Why ? Python's GIL ("global interpreter lock") cripples most attempts to multithread python code so badly that multiprocessing is the generally recommended approach to parallelising Python on SMP. The standard library includes process pools; there are various other options too.
Python certainly ought to satisfy any multi-platform requirement!
You might want to investigate how the apache web server manages process pools. From version 2.0 it runs natively on windows and one of the multi-processing models it supports are process pools. A part of apache is also APR (apache portable runtime), which handles platform-specific issues.
No one can answer why something is not popular because may be no body is looking for what you are looking for. After .NET came in picture, people shifted from COM to Managed Environment, before .NET, COM and ATL and relative other technologies were quite painful to implement and they would crash and were also quite difficult to debug.
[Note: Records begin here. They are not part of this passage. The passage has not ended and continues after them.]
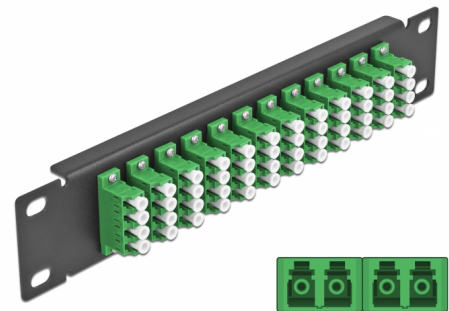

Delock 10" optička Patch ploča 12 ulaza LC Quad zeleno 1U crna

Opis

Ova Patch ploča tvrtke Delock opremljena je s dvanaest LC Quad optičkih vlaknastih sprežnika te je prikladna za ugradnju u 10" mrežno kućište. Sa LC Quad sprežnicima, vlaknasti optički muški spojnici mogu se lako međusobno spojiti.

Predmet br. 66777

EAN: 4043619667772

Zemlja podrijetla: China

Pakiranje: Kutija

Tehnički podaci

- Priključak:
 - 12 x LC Quad ženski >
 - 12 x LC Quad ženski
- Jednomodni kabel
- Keramički rukavac
- S poklopcem za prašinu
- Boja: zeleno
- Za ugradnju u 10" mrežno kućište, 1U
- 12 ulaza sa LC Quad sprežnicima
- Materijal kućišta: metalna
- Kućište boja: crno
- Mjere (DxŠxV): oko 254 x 44 x 10 mm

Sadržaj pakiranja

- 10" optička Patch ploča

Slike

Interface

Priključak 1:	12 x LC Quad ženski
Priključak 2:	12 x LC Quad ženski

Physical characteristics

Kućište boja:	crne
Materijal kućišta:	metal
Duljina:	254 mm
Width:	44 mm
Height:	10 mm
Boja:	zeleno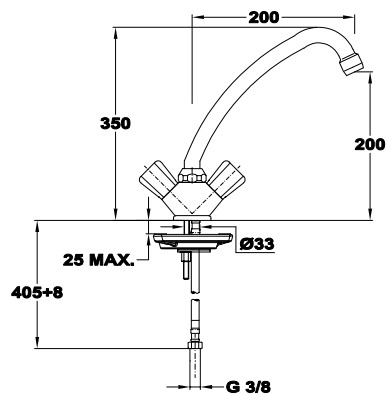

Mosogató álló

379122800

- Forgatható felső kifolyócsővel
- Kifolyócső: 200 mm
- Vízkömentes perlátorral
- Perlátor mérete: M22x1
- Hagyományos felsőrészsel
- Flexibilis bekötőcsővel: 3/8"

6 db

216 db

6 db

216 db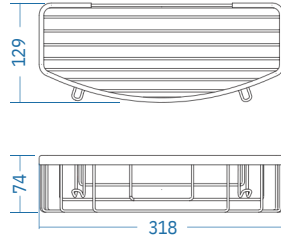

PRESTIGE

Prestige 32x13
Kr omaj

A.581 ₺ 490.00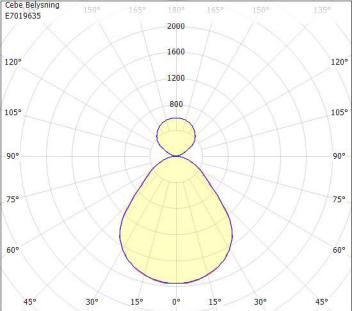

Cebe Belysning
E7019635

cd

— C0/C180

— C90/C270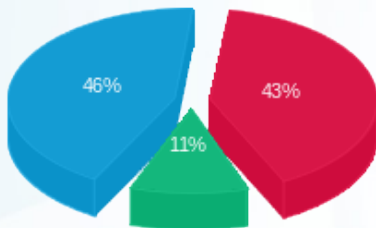

ציבורי

סוג תעריף	סוג צריכה	קריאה קודמת	קריאה נוכחית	סה"כ צריכה בקוט"ש	מחיר לקוט"ש בא"ג	סה"כ לתשלום
777	פסגה			1,266.184	46.64	590.55 ₪
778	גבע			397.346	38.61	153.42 ₪
779	שפל			917.133	31.90	292.57 ₪

סה"כ לדירה:

פסגה	גבע	שפל	סה"כ	שיא ביקוש
11,518.77	4,121.09	25,331.65	40,971.52	97.39
₪ 8,374.50	₪ 2,229.41	₪ 8,959.96	₪ 19,563.87	

סה"כ צריכה

סה"כ לתשלום

300.00 ₪	תשלום קבוע	
186.39 ₪	תשלום עבור גודל חיבור ב KVA (3x1125)	
20,050.25 ₪	סה"כ לתשלום	לא כולל מע"מ

התפלגות חיוב בש"ח לפי תע"ז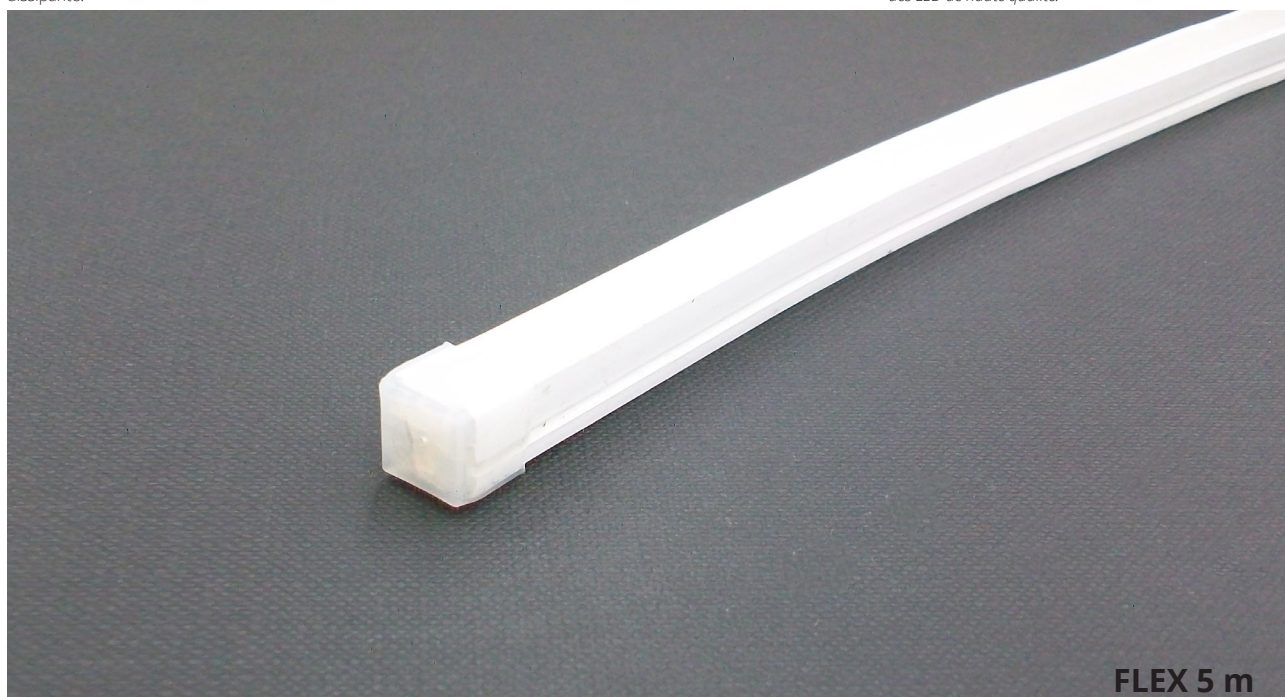

IP65

Light line Slim -Top/Side

Led flessibile da 5 metri con luminosità uniforme, realizzato in elastomero siliconico coestruso, termodissipante.

LED profile of 5 metres in length with uniform brightness, made of coextruded silicone, thermo-dissipating.

Profil LED de 5 mètres lumineux en techno polymère avec une luminosité uniforme, bonne dissipation thermique avec des LED de haute qualité.

Top - Led

24 VDC
9 W/m
real - 470 Lm/m
CRI>80 - RG0
L80B20 - 50000 h (25°)
A++
Dimmable

8445.24.3200

8445.24.4000

Piegatura superiore
Top bending
Supérieure flexion

LED colour

3200 °K White

4000 °K White

TOP

Side - Led

24 VDC
9 W/m
real - 470 Lm/m
CRI>80 - RG0
L80B20 - 50000 h (25°)
A++
Dimmable

8447.24.3200

8447.24.4000

Piegatura laterale
Side bending
Latérale flexion

LED colour

3200 °K White

4000 °K White

SIDE

That is the reason, managed environment came in existence.
However, .NET 4 onwards, parallel libraries give much more power to user for parallel programming and also you can spawn and control other proceeses.
For multiplatform, you can look for zvrba's answer.
Yes, other applications--especially science applications--find it useful to spawn multiple processes. Since few super-computers run Microsoft Windows, scientists generally avoid using anything that ties them to a Microsoft platform. Nothing related to COM will help scientists leverage their enormous existing code base written in Fortran.
People who choose to run IIS have generally already drunk the Microsoft Koolaid, so they have fewer inhibitions to tying themselves to Microsoft's proprietary platforms, which is why COM-specific terminology will get lots of hits related to IIS.
One of the open standards for doing what you want is the Message Passing Interface. Several implementations exist and some of them run on supercomputers using Fortran. Some of them run on cheaper computers using sexier languages.
See http://en.wikipedia.org/wiki/Message_Passing_Interface
There hasn't been a mob rushing through the doors of COM application pooling primarily because of two factors:
COM is a pain in the ass to deal with compared to just about anything else
Threading can be a headache, but it's a lot easier and more convenient to manage than inter-process communication
COM application pooling was essentially created for IIS. It has one very specific benefit over normal multithreading: the multiple processes are fully isolated from each other. This is important for data security and for app stability when dealing with third party plugins of questionable stability.
Scientific computing generally doesn't need strong data security isolation between operations, and I would venture to guess that scientific computing doesn't rely much on third party plugins of questionable stability. When doing big math operations, you're either using a sexy numerics library that had better be rock solid to be taken seriously, or you're using your own code, in which case crashes should be fixed and repeat offenders should be spanked.
Oh, and all crashes except stack overflow can be trapped and dealt with within a multithreaded app, especially if it's your own code.
In short, COM app pooling is overkill for just about anything other than IIS.
Google's webbrowser chrome is a multi-process architecture software. It is open source, so you can check out its code and see how to manage processes.